Budget 2015: Eating Out In Restaurants May Get Costlier

Finance Minister Arun Jaitley is likely to provide tax breaks for the middle class in the upcoming Budget, but there's rising fear that the government may hike service tax to compensate for the shortfall in revenue.

Pratik Jain, partner (tax) at KPMG told NDTV that service tax may increase to 14 per cent in this Budget. (Watch)

If service tax goes up, eating out in restaurants will become costlier; other services like consultation with lawyers, gym membership, club membership may also cost more from the next financial year.

A hike in service tax is expected because the government is moving towards the implementation of the Goods and Services Tax with effect from April 1, 2016.

"Service tax is going to go up if GST is implemented. Today the service tax is 12 per cent, it is going to move to 16-17 per cent when GST comes in. It will be difficult for the government to increase the service tax at one point of time. So it should be gradual," said Mr Jain.

He expects Service tax to go up by 2 per cent to 14 per cent in the upcoming Budget. A 2 per cent hike can generate additional tax-revenue of Rs. 30,000-Rs. 35,000 for the government. "It will pinch consumers a bit but at some point of time that decision has to be taken," added Mr Jain.

However, implementation of GST may lead to lower prices of manufactured items as taxes will go down for such products.

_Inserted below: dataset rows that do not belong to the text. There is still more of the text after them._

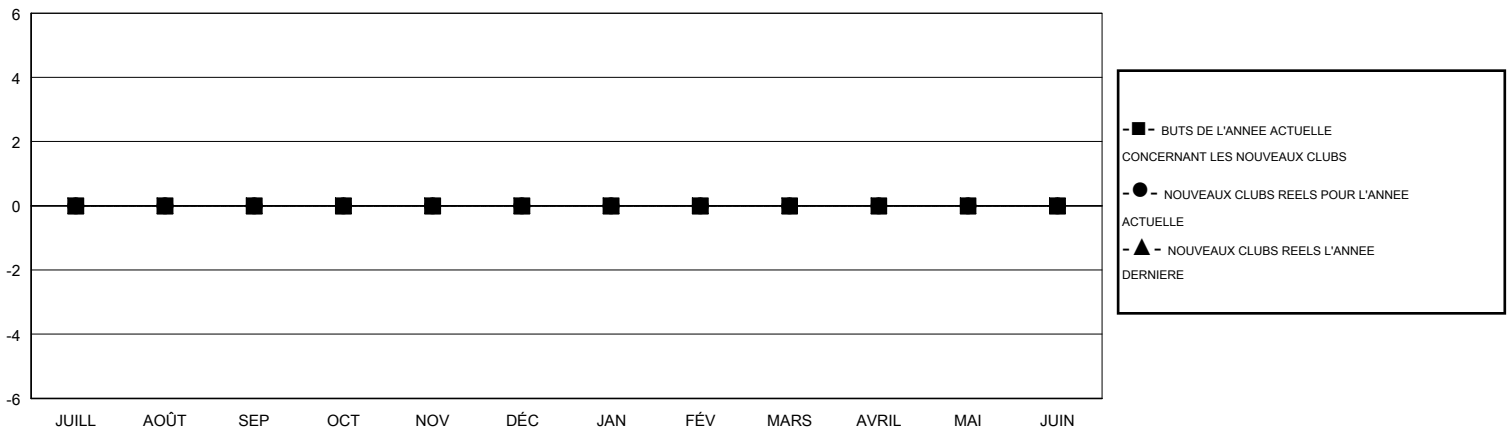

# MONTHLY MEMBERSHIP PROGRESS REPORT

District 103 W

Results as of: 02/28/2018

GMT: CLAUDETTE CORNET

LIEU FRANCE

RC EME

Clubs				Membres			
RESULTATS POUR 2017-2018				RESULTATS POUR 2017-2018			
TRIMESTRE	BUT CONCERNANT LES NOUVEAUX CLUBS	NOUVEAUX CLUBS	CLUBS ANNULÉS	TRIMESTRE	OBJECTIF DE CROISSANCE NETTE DE L'EFFECTIF	CROISSANCE ACTUELLE DE L'EFFECTIF	TOTAL DES MEMBRES RADIES (y compris les transferts)
JUILL/AOÛT/SEP	0	0	0	JUILL/AOÛT/SEP	5	30	40
OCT/NOV/DÉC	0	0	0	OCT/NOV/DÉC	-5	29	46
JAN/FÉV/MARS	0	0	0	JAN/FÉV/MARS	25	39	25
AVRIL/MAI/JUIN	0	0	0	AVRIL/MAI/JUIN	0	0	0

BUTS ET NOUVEAUX CLUBS REELS - CUMULATIF

BUTS ET MEMBRES REELS - CUMULATIF

CLUBS RADIES: 0	39 CLUBS OF 83 ONT AJOUTE 1 OU PLUSIEURS NOUVEAUX MEMBRES	<u>DISTRIBUTION PAR SEXE</u>	
		HOMME	1,406 (77.77%)
		FEMME	402 (22.23%)
		Objectif de l'année d'exercice pour le pourcentage de membres féminins: 25%	
MEMBRES RADIES		NOMBRE TOTAL DE MEMBRES	
DECEDE	12	D'UNITÉS FAMILIALES	12
CLUB ANNULE	0	MEMBRES DE FAMILLE QUI RÉGLEMENT LA MOITIÉ DES COTISATIONS	
AUTRE	99		
TOTAL	111		
		<a href="#">CLIQUEZ ICI POUR LES INFORMATIONS CUMULATIVES SUR LES EFFECTIFS</a>	
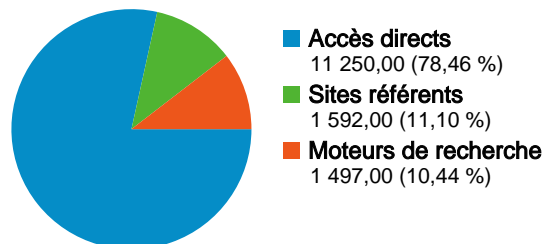

9 640 internautes ont visité ce site.

14 339 Visites

9 640 Visiteurs uniques absolus

116 191 Pages vues

8,10 Nombre moyen de pages vues

00:11:15 Temps passé sur le site

65,94 % Taux de rebond

66,85 % Nouvelles visites

Profil technique

Navigateur	Visites	Visites (en %)	Vitesse de connexion	Visites	Visites (en %)
Mozilla	8 893	62,02 %	Cable	9 149	63,81 %
Firefox	4 327	30,18 %	DSL	4 025	28,07 %
Internet Explorer	992	6,92 %	Unknown	873	6,09 %
Opera	99	0,69 %	Dialup	203	1,42 %
Safari	16	0,11 %	T1	89	0,62 %

L'ensemble des sources de trafic a généré 14 339 visites au total.

78,46 % Trafic direct

11,10 % Sites de référence

10,44 % Moteurs de recherche

Principales sources de trafic

Sources	Visites	Visites (en %)	Mots clés	Visites	Visites (en %)
(direct) ((none))	11 250	78,46 %	zsamurai	1 072	71,61 %
google (organic)	1 497	10,44 %	zsamourai	367	24,52 %
clan-phoenix.org (referral)	507	3,54 %	jeu samurai navigateur	29	1,94 %
forums.jeuxonline.info	445	3,10 %	zsamourai	22	1,47 %
c-a-v-e.forumpro.fr (referral)	163	1,14 %	zsamurai\$	3	0,20 %
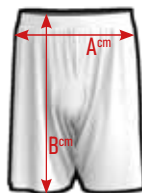

MEDIDAS APROXIMADAS

OPCIONES DE FABRICACIÓN

PARA HACER SU PEDIDO DEBERÁ ELEGIR DE LA PÁGINA INDICADA UNA OPCIÓN DE LOS SIGUIENTES APARTADOS

PÁGINA **APARTADOS**
78 **A**

	2/3	4/5	6/7	8/9	10/11	XS	S	M	L	XL	XXL
A	22	24	26	28	30	31	32.5	34	35.5	37	38.5
B	29	31	33	35	36	39	40.5	42	43.5	45	46.5

PANTALÓN MEDIO

Ref. S481

EJEMPLO DE TRABAJO REALIZADO

OPCIONES DE FABRICACIÓN

PARA HACER SU PEDIDO DEBERÁ ELEGIR DE LA PÁGINA INDICADA UNA OPCIÓN DE LOS SIGUIENTES APARTADOS

PÁGINA 78 APARTADOS A

	2/3	4/5	6/7	8/9	10/11	XS	S	M	L	XL	XXL
A	22	24	26	28	30	31	32.5	34	35.5	37	38.5
B	33	35	37	39	41	43	44.5	46	47.5	49	51.5
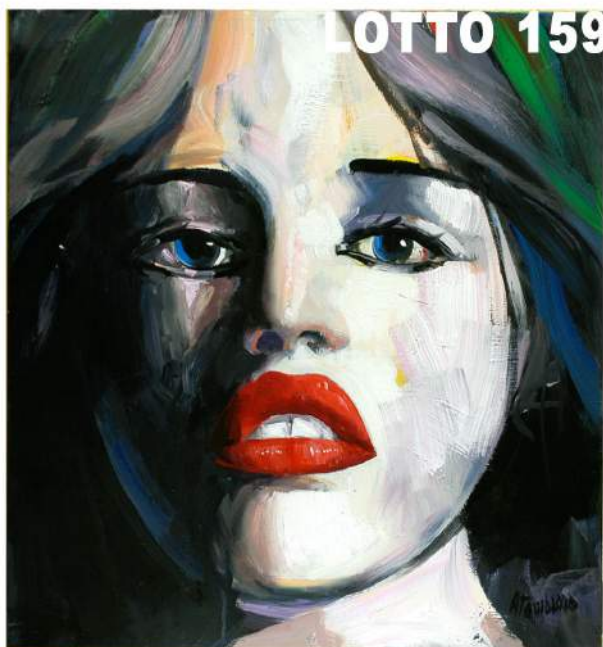

LOTTO 157
GASTONE BREDDO (1915 – 1991)
STIMA 500,00 / 1.000,00
DIPINTO OLIO SU TELA
RAFF. NATURA MORTA
MIS. 70 X 48
FIRMATO IN BASSO A DESTRA

LOTTO 159

LOTTO 159
ANTONIO TAMBURRO (1948)
STIMA 500,00 / 1.000,00
DIPINTO OLIO SU TELA
RAFF. VOLTO DI DONNA
MIS. 60 X 60
FIRMATO IN BASSO A DESTRA
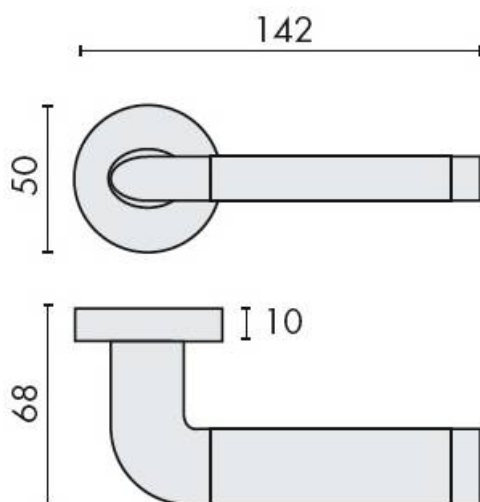

DENOMINATION

Paire de béquilles TAIPAN sur rosace ronde, à sous construction avec ressort de rappel

Design : Luca Colombo

FICHE TECHNIQUE

MARQUE

REFERENCE

LC11RSB7-OL/OM

- Béquille double sur rosace à sous construction avec ressort de rappel
- Rosace BC
- Cromall® traité multicouche
- En option : disponible en version HD
- Rosaces de fonction (voir "Accessoires")

Matériaux : Cromall

Finition : Mat

Couleur : Doré/doré mat

Norme : Norme EN 1906
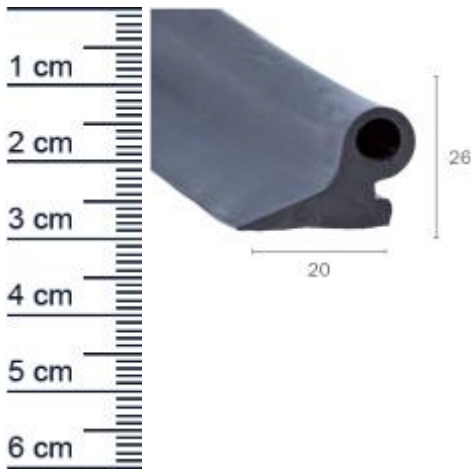

Verdeckdichtung für Cabrios | Höhe: 26 mm | Farb ... (Artikelnummer: AV0014)

Beschreibung:

Die **Cabrio-Verdeckdichtung AV0014 in der Farbe Schwarz** eignet sich für diverse Fahrzeuge. Der Einbau der Gummidichtung minimiert Fahrtgeräusche im Innenraum Ihres Fahrzeuges und schützt vor Wasser bzw. Regen.

Details zur Dichtung

- Farbe: Schwarz
- Höhe: 26 mm
- Breite: 20 mm
- Material: EPDM

Passende Automodelle:

- Mercedes-Benz 220 Cabrio
- Mercedes-Benz 300 Cabrio

Besonderheiten der Dichtung

- Sehr gute Witterungs- und Ozonbeständigkeit
- Vertraglich mit wasserverdunnbaren Acrylat-Lacken und umweltfreundlichen Lacken
- Besonders langlebig, leistungsfähig und wartungsfrei
- Zu 100% recyclingfähig
- Beinhaltet keine gefährlichen Chemikalien

Als Hinweis für Sie: Wir gewahren Ihnen bei jedem Dichtungskauf eine zusätzliche Reserve von 3-5 cm pro 5 Meter Länge, um sicherzustellen, dass Sie genug Material haben.

Unsere Autodichtungen lassen sich einfach und ohne Vorkenntnisse einbauen:

According to Mr Jain consumers pay a total of 25-26 per cent tax including excise duty and value Added Tax (VAT) on most of the manufactured items. So post implementation of GST the taxes are going to come down. "It will also make buying decisions quite easy because prices will remain same irrespective of place," added Mr Jain.

KPMG also expects the government to address the inverted tax structure in the Budget to give a push to Prime Minister's 'Make-in-India' campaign. For some products like tyres and chemicals, the customs duty on raw material import is higher than the customs duty on finished products, which hurts these industries. KPMG believes government will address these issues in the coming Budget.